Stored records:
____________________

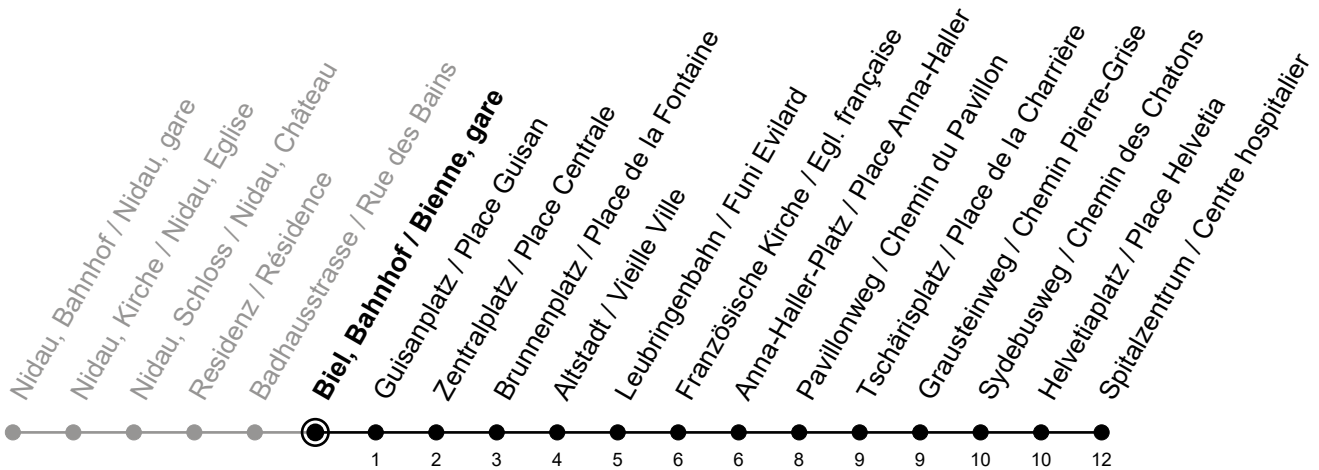

Biel, Bahnhof / Bienne, gare

5

Richtung / Direction

Spitalzentrum / Centre hospitalier

gültig von 15.12.2024 bis 13.12.2025 / valable du 15.12.2024 au 13.12.2025

Abfahrten in Echtzeit
Départs en temps réel

Ungefähre Reisezeit in Minuten / Durée approximative du trajet en minutes

🕒	Montag - Freitag Lundi - Vendredi	Samstag Samedi	Sonntag Dimanche
5	45	48	48
6	00 15 30 45	18 48	18 48
7	00 15 30 45	18 48	18 48
8	00 15 30 45	00 15 30 45	18 48
9	00 15 30 45	00 15 30 45	18 48
10	00 15 30 45	00 15 30 45	18 45
11	00 15 30 45	00 15 30 45	00 15 30 45
12	00 15 30 45	00 15 30 45	00 15 30 45
13	00 15 30 45	00 15 30 45	00 15 30 45
14	00 15 30 45	00 15 30 45	00 15 30 45
15	00 15 30 45	00 15 30 45	00 15 30 45
16	00 15 30 45	00 15 30 45	00 15 30 45
17	00 15 30 45	00 15 30 45	00 15 30 45
18	00 15 30 45	00 15 30 45	00 15 30 45
19	00 15 30 45	00 15 30 48	00 15 30 48
20	00 15 30 45	18 48	18 48
21	00 18 48	18 48	18 48
22	18 48	18 48	18 48
23	18 48	18 48	18 48

Bemerkungen / Remarques

Sonntagsfahrplan / Horaire du dimanche: 25.12., 26.12., 1.1., 2.1.,
Karf Freitag / Ve. Saint, Ostermontag / Lu. de Pâques, Auffahrt / Ascension,
Pfungstmontag / Lu. de Pentecôte, 1. August / 1er août

____________________

▶ **What the task requires**:
Your answer should hold every line of the entries that contains the string "Freitag".

▶ **Completed exercise**:
🕒	Montag - Freitag Lundi - Vendredi	Samstag Samedi	Sonntag Dimanche
Karf Freitag / Ve. Saint, Ostermontag / Lu. de Pâques, Auffahrt / Ascension,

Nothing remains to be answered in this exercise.